Accordingly, any § 1983 claims against the John and Jane Defendants are also subject to dismissal for Gomez's failure to allege their personal involvement. IV. Leave to Amend :
Before dismissing a civil rights complaint for failure to state a claim upon which relief may be granted, a district court must permit a curative amendment unless the amendment would be inequitable or futile.
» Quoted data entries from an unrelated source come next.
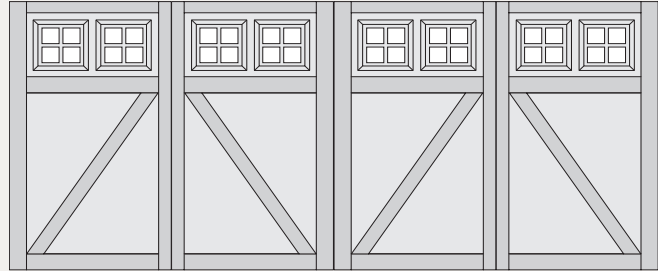

MIDLAND CUSTOM DESIGN GUIDE

CARRIAGE HOUSE SERIES - #6 DESIGNS

The Carriage House garage door series offers the best value on the market, meeting the style and durability demands of a unique door design. Carriage House Series doors are available in standard widths of 8', 9', 10' and 18' and standard heights of 7' and 8'.

Door #61B Single Car

#61B Single Car

#61B Double Car

#63 Single Car

#63 Double Car

#63A Single Car

#63A Double Car

#63B Single Car

#63B Double Car

#55A Single Car

#55A Double Car

#55B Single Car

#55B Double Car

#6 Single Car

#6 Double Car

#61 Single Car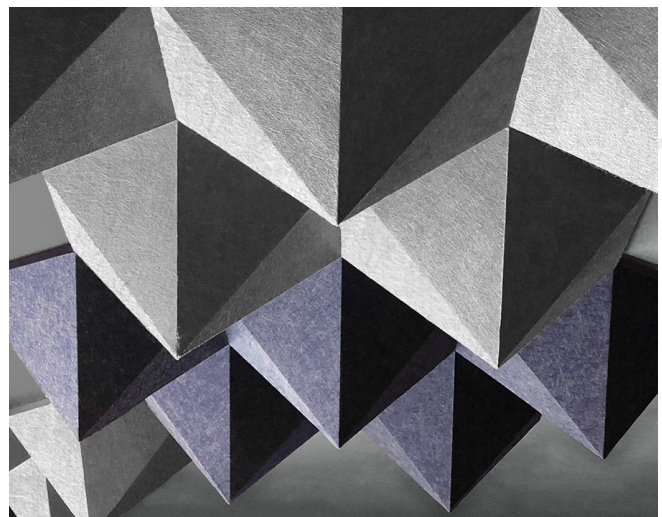

EchoCloud Diamond | Colors 365 (Navy), 444 Gray

Phillips, 515 F.3d at 245. Leave to amend may be denied based on undue delay, bad faith or dilatory motive on the part of the movant, repeated failure to cure deficiencies by amendments, undue prejudice to the opposing party by virtue of allowance of the amendment, or futility of amendment. Foman v. Davis, 371 U.S. 178, 182 (1962). Based on the many deficiencies identified in this Memorandum, including, but not limited to, being barred by the statute of limitations, the Court finds that amendment would be futile.
V. Conclusion . Consistent with the foregoing, the Court will grant Gomez leave to proceed in forma pauperis and will dismiss his complaint for failure to state a claim pursuant to 28 U.S.C. § 1915(e)(2)(B)(ii), 28 U.S.C. § 1915A(b)(1), and 42 U.S.C. § 1997e(c)(1). A separate Order shall issue.